• [Activity]
Find the string "Dodávka" in the records and copy each line where it occurs.

─── Extracted data ───

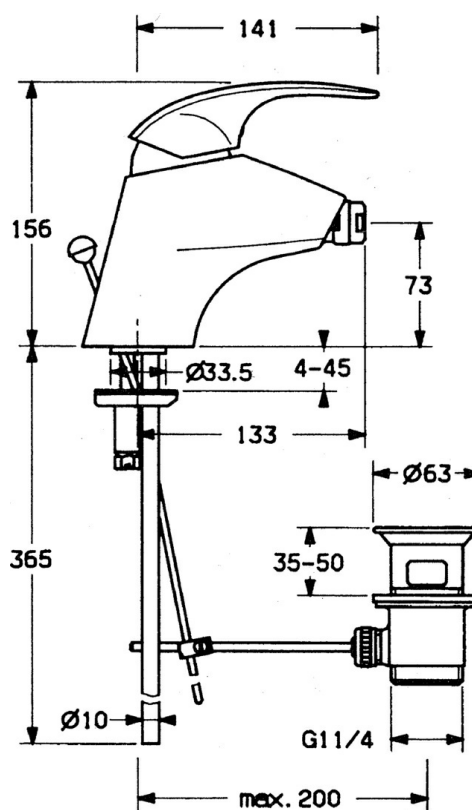

EAN: 4015474635074
static.hansa.com/02083101

- Bidet
- Jednopáková
- Stojanková
- Chróm

Technické údaje

Technické vlastnosti

Dodávka teplej vody	max. +80°C
Pracovný tlak	0.5-10 bar
Materiál	Mosadz

Náhradné diely

SP02083101

Název	Kód
1.1 Skrutka, M5x8, SW2.5	59904755
1.2 Klzné puzdro	59904778
1.3 Plug, hot/cold	59906705
2 Krytka Ukončené	59910582
2.2 Dodávka Ukončené	59910586
3 Očné skrutka, M50x1, SW45	59904775
4 Kartuš, 4.8 eco	59904601
4.1 Hot water limiter	59904759
5.2 Spojovací diel tiahla	59904624
5.3 O-kružok, d 38x3.5	59910236
5.4 Tesnenie, 48x33.5x2	59902283
5.5	59904765
5.6 Skrutka, M8x1, SW13	59904766
5.7 Upevňovací set	59910749
5.8 Potrubie Ukončené	59911059
6 Aerator, M24x1 STD CC A Ušľachtilá mosadz Ukončené	59906580
6 Aerator, M24x1 STD HC A	59902366
6 Aerator, M24x1 A Biela Ukončené	59905419
6.1 Aerator, M22/24 A	59902081
6.2 Ball joint for bidet faucet, M24x1	59904920
7 Vypúšťací ventil umývadla Ušľachtilá mosadz Ukončené	59906734
7 Vypúšťací ventil umývadla	59904620
8 Flexibilná hadička, L=320, G3/8xG3/8 Ukončené	59905019

───

• [Response below]
Dodávka teplej vody	max. +80°C
2.2 Dodávka Ukončené	59910586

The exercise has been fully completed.